▶ **WORK REQUEST**
Below, find the line containing "- プラスドアシル 3-0 (915mm)" and the line containing "MATERIALE: ZAMA"; reproduce exactly those two and every line between them, omitting pictures.

▶ **SUPPLIED DATA**
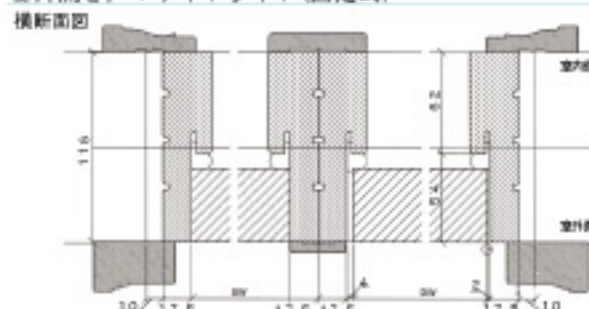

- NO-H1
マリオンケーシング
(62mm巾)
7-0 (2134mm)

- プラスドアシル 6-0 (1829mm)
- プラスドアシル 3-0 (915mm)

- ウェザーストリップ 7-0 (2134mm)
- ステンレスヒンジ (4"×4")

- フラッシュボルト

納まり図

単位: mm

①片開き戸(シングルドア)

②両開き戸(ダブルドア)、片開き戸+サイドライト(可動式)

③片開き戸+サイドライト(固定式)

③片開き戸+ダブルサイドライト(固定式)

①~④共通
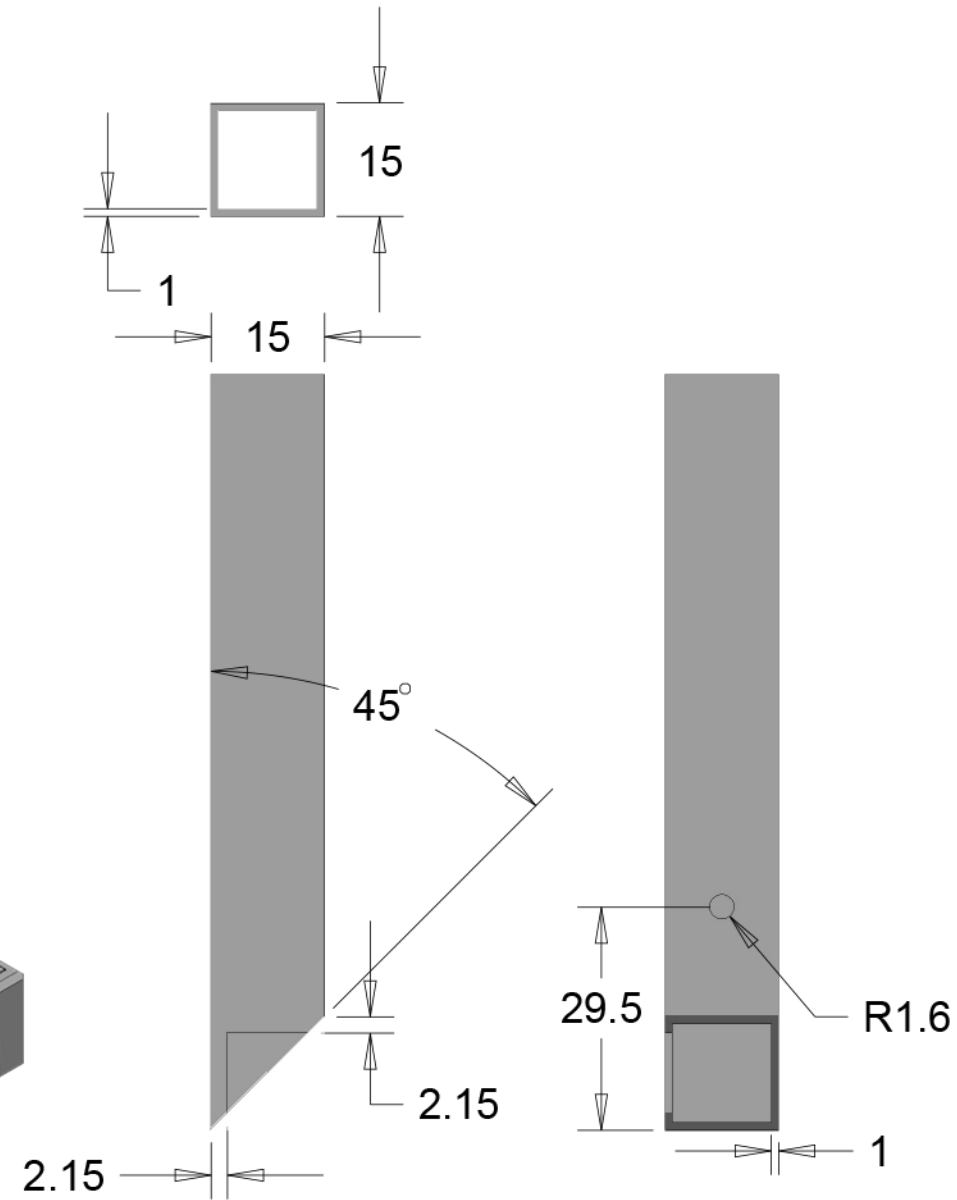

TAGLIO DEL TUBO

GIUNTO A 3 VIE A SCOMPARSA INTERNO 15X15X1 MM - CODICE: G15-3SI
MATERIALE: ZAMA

---

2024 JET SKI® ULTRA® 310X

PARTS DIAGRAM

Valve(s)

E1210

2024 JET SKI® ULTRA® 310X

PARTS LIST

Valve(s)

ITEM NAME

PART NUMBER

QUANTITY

▶ **ANSWER SECTION**
- プラスドアシル 3-0 (915mm)

- ウェザーストリップ 7-0 (2134mm)
- ステンレスヒンジ (4"×4")

- フラッシュボルト

納まり図

単位: mm

①片開き戸(シングルドア)

②両開き戸(ダブルドア)、片開き戸+サイドライト(可動式)

③片開き戸+サイドライト(固定式)

③片開き戸+ダブルサイドライト(固定式)

①~④共通

TAGLIO DEL TUBO

GIUNTO A 3 VIE A SCOMPARSA INTERNO 15X15X1 MM - CODICE: G15-3SI
MATERIALE: ZAMA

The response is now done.